I could feel the dizzying pressure of descent; we were coming down fast. Suddenly my heart was beating six hundred times a second. If I fainted, would that count as fearlessness? Maybe I could knock myself out. I held my breath.
The pressure.
The cabin began to rattle and hum, but it was the passengers making the noise, not the plane. They were clicking through prayer beads, tapping tiny drums, chanting, moaning, throat-singing. Breathing — some slow and deep, some sharp and percussive. My neighbor with the beard and cassock was going ah-HUH, ah-HUH.
I looked down at the briefcase and did the only thing I could do: I went to work.
The feather grade was light, and the fibers didn’t hold together. Bad nutrition. City bird. The bone-splinters were long, and they’d split along the axis. A glider, not a flapper. No sign of iridescence; probably female. I raked my fingers through the briefcase, sifting avian after-matter, looking for the tell-tale.
The cabin’s gravity shifted; the plane’s nose was lifting.
Don’t think about the plane. Think about the bird.
The bird passes through the plane, but the bird is still the bird.

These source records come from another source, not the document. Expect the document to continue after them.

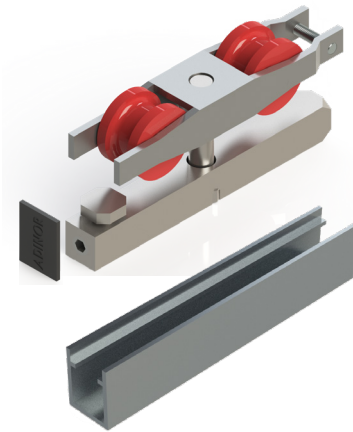

KIT HERRAJE PUERTA PIVOTANTE MADERA (A)

WOOD PIVOT DOOR FITINGS (A)

Herraje de fijación
batiente superior

REF.
PAPLM.70

Herraje de fijación
batiente inferior

CARRO PUERTA PIVOTANTE CORREDERA (B)

SINGLE PIVOT SLIDING WOOD DOOR ROLLER (B)

That’s what Dr. Prandtl-Glauert always says. My boss. “The bird is still the bird.” All remains can be identified, no matter how mangled or incomplete. Always. Because the bird is in there.
There! Two blue-gray shards of beak. You were not a Canada goose after all. You were a silver spotted church raven.
There was a declarative thump and the plane rocked side to side and my blood ran cold but it was ecstasy: my cold-running blood. I was alive.
A chord of arrival rang over the PA. The hum of the engine was already fading. The flight attendant, my flight attendant, my guru, came rushing down the aisle, squirming past the passengers all packing up their things — she knocked a fez off someone’s head and made a woman drop her gong — and when her eyes met mine (my ecstatic living eyes, not the cold staring eyes of the dead) relief washed across her face. She said something in that other language, something I couldn’t understand.
She stopped short when she saw the briefcase, and smelled the smell, but then nodded, and looked again, and broke out laughing.
“You did it,” she said with a grin. “I have no idea how, with that, but you did it!”
The bird passes through the plane, but the bird is still the bird. I said it solemnly. Tell that to the next passenger who wanders through the wrong gate.